▼▼▼

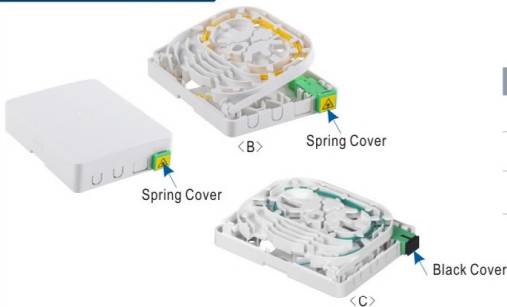

LW-3437

1 Core Fiber optical cable Splicing Protector Box

Item No	Description
LW-3437	1 Core Fiber optical cable Splicing Protector Box

©Size:160x50mm
©For simplex SC adaptor

LW-3475A

2C FTTH Box(Empty)

Item No	Description
LW-3475A	2 Cores FTTH Box without SC Adaptor

◎Size:100x82x25mm

LW-3477A

1 Cores FTTH BOX(Empty)

Item No	Description
LW-3477A	1 Cores FTTH Box without SC Adaptor

◎Size:115x86x24mm
◎Box Suitable for 1PC SC Simplex Adaptor

LW-3475(B,C)

2C FTTH Box(With 1PC SC Adaptor and Pigtail)
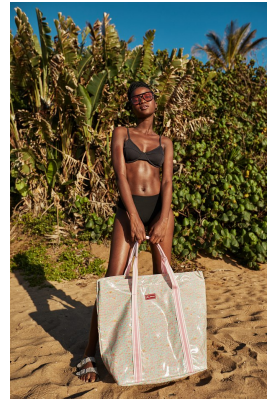

BOSS MODELS

DURBAN

LINDELWA VEZI

Height: 170cm Bust: 77cm Waist: 64cm Hips: 97cm Shoe: 5 UK Hair: Black Eyes: Brown

BOSS MODELS

DURBAN

LINDELWA VEZI

Height: 170cm Bust: 77cm Waist: 64cm Hips: 97cm Shoe: 5 UK Hair: Black Eyes: Brown
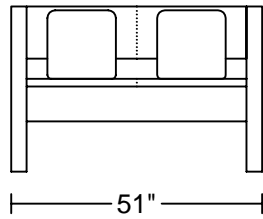

**CAAN(NO WHEEL) D003B**  
**Designed by GIORMANI**

2D

BH01

BH01

BH02

BH02

BH02

此為簡易圖僅供參考基本資料之用。  
梳化產品屬軟性產品，請預算每件產品  
規格會有公差為 $\pm 2$ 寸之內。  
詳情必須查詢店員。（單位：英寸）  
**The information is used for reference only.**  
**The actual size of each piece of the product**  
**should be subject to the discrepancies of  $\pm 2$ ".**  
**Please check with our salespersons for further details.**  
19/10/2020
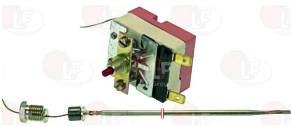

WHIRLPOOL 131482

3444670 SINGLE-PHASE THERMOSTAT 190°C
with manual reset
capillary length 350 mm - 16A 250V
bulb $\varnothing$ 3.1x178 mm - with adapter nipple bland M9x1

▲▲▲

Your task:
Could you set down verbatim the lines from the beginning of the entries above through the line containing "capillary length 350 mm - 16A 250V", both included, leaving out the pictures?

Expected output:
LW-3437

1 Core Fiber optical cable Splicing Protector Box

Item No	Description
LW-3437	1 Core Fiber optical cable Splicing Protector Box

©Size:160x50mm
©For simplex SC adaptor

LW-3475A

2C FTTH Box(Empty)

Item No	Description
LW-3475A	2 Cores FTTH Box without SC Adaptor

◎Size:100x82x25mm

LW-3477A

1 Cores FTTH BOX(Empty)

Item No	Description
LW-3477A	1 Cores FTTH Box without SC Adaptor

◎Size:115x86x24mm
◎Box Suitable for 1PC SC Simplex Adaptor

LW-3475(B,C)

2C FTTH Box(With 1PC SC Adaptor and Pigtail)

BOSS MODELS

DURBAN

LINDELWA VEZI

Height: 170cm Bust: 77cm Waist: 64cm Hips: 97cm Shoe: 5 UK Hair: Black Eyes: Brown

BOSS MODELS

DURBAN

LINDELWA VEZI

Height: 170cm Bust: 77cm Waist: 64cm Hips: 97cm Shoe: 5 UK Hair: Black Eyes: Brown

**CAAN(NO WHEEL) D003B**  
**Designed by GIORMANI**

2D

BH01

BH01

BH02

BH02

BH02

此為簡易圖僅供參考基本資料之用。  
梳化產品屬軟性產品，請預算每件產品  
規格會有公差為 $\pm 2$ 寸之內。  
詳情必須查詢店員。（單位：英寸）  
**The information is used for reference only.**  
**The actual size of each piece of the product**  
**should be subject to the discrepancies of  $\pm 2$ ".**  
**Please check with our salespersons for further details.**  
19/10/2020

WHIRLPOOL 131482

3444670 SINGLE-PHASE THERMOSTAT 190°C
with manual reset
capillary length 350 mm - 16A 250V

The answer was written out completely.